Clifford Chance is sending lawyers to Kosovo to help the region get back on its feet.
Jeremy Carver, head of the firm's international law group, has got the go-ahead from the United Nations Mission in Kosovo for an internet project to support the rebuilding process.
Carver says: "One of the first projects was to develop a database, helping to reassemble refugee details. That is now done and has worked."
Carver returned from Kosovo on Monday for a second project to encourage foreign investment in the region.
Carver is looking at drafting laws to regulate the 150 to 200 non-governmental organisations currently operating in Kosovo. And he is putting forward plans to the authorities running Kosovo on how to spend more than $2bn in aid.
Carver was retained by the General Counsel of International Rescue, New York lawyer George Huritz.

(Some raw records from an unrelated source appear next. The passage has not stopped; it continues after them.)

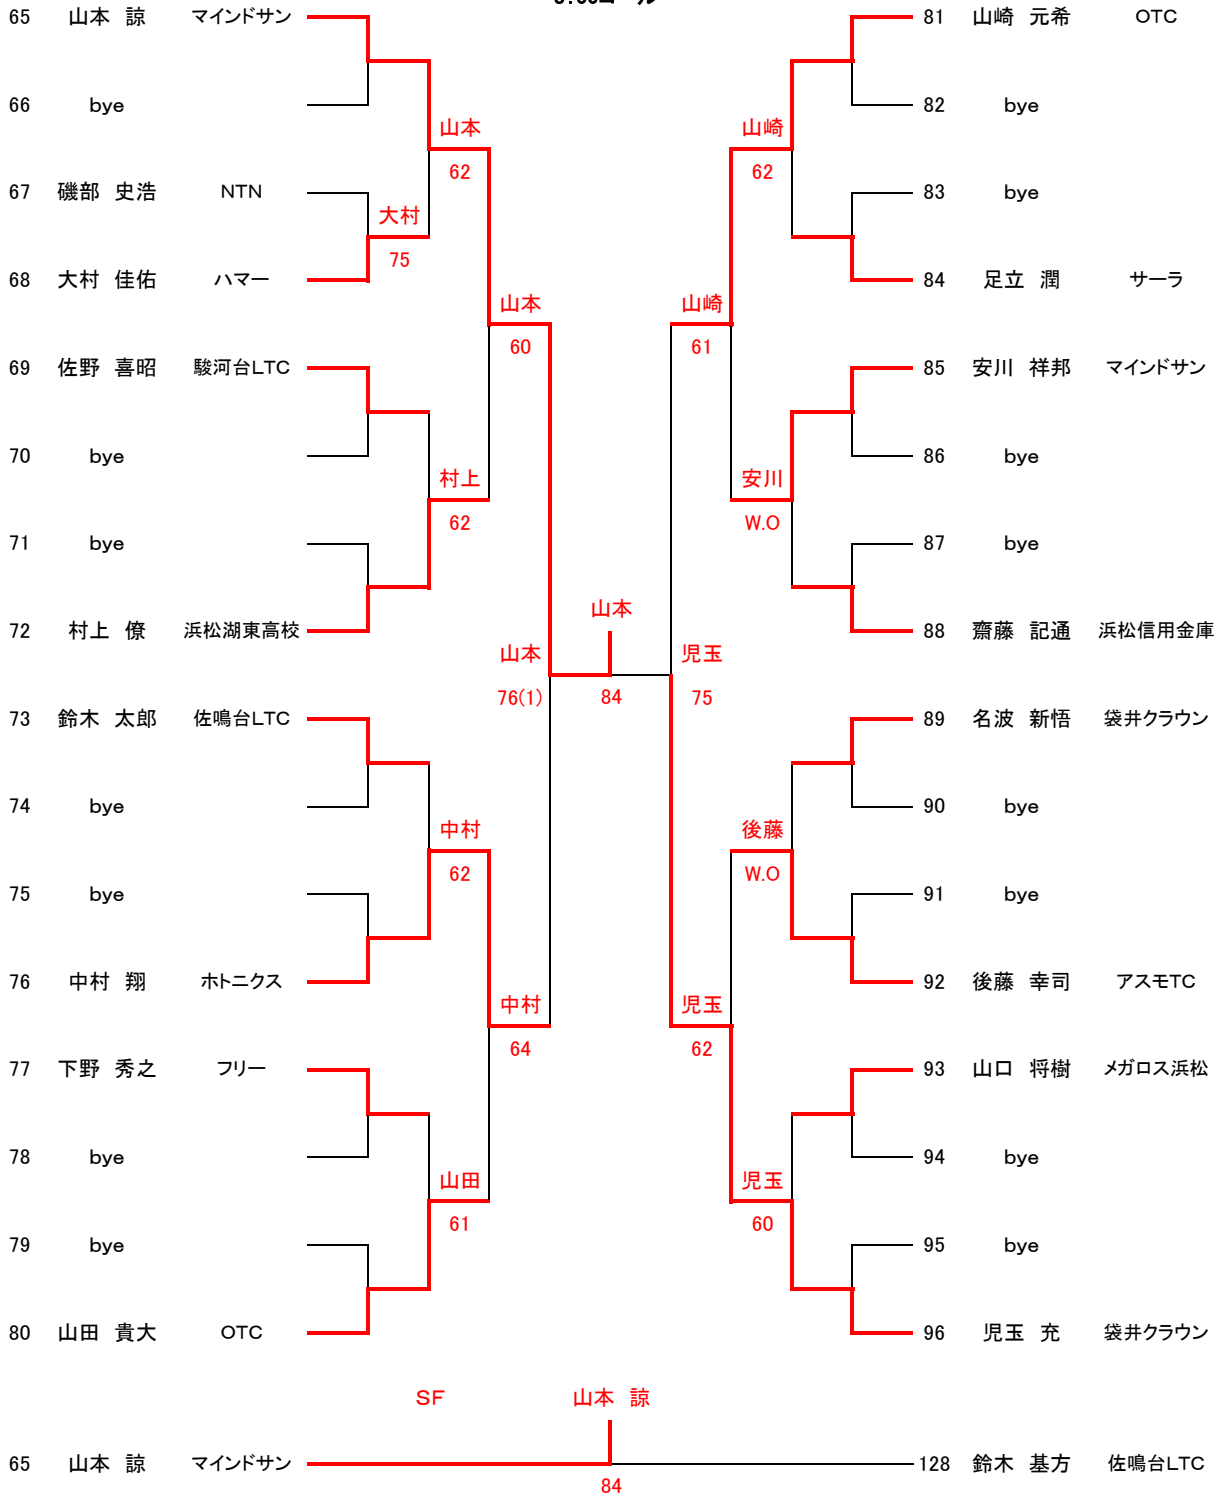

一般男子

12日 1R～ 1セットマッチ QF8ゲーム

19日 9:00 SF～8ゲーム

NO・1

8:00コール

8:00コール

8:00コール

A Clifford Chance spokeswoman says the firm's post-conflict capability will be boosted by US firm Rogers & Wells' trade and international law group. The two firms are merging on 1 January 2000.
Rae Lindsay, international law partner at Clifford Chance, says Kosovo is very different from other recent post-conflict situations.
She says: "Kosovo is in a transitional phase and a new regime has yet to be established. The infrastructure is gone. Documents and records destroyed.
"For lawyers developing contractual relationships, it's an unprecedented situation."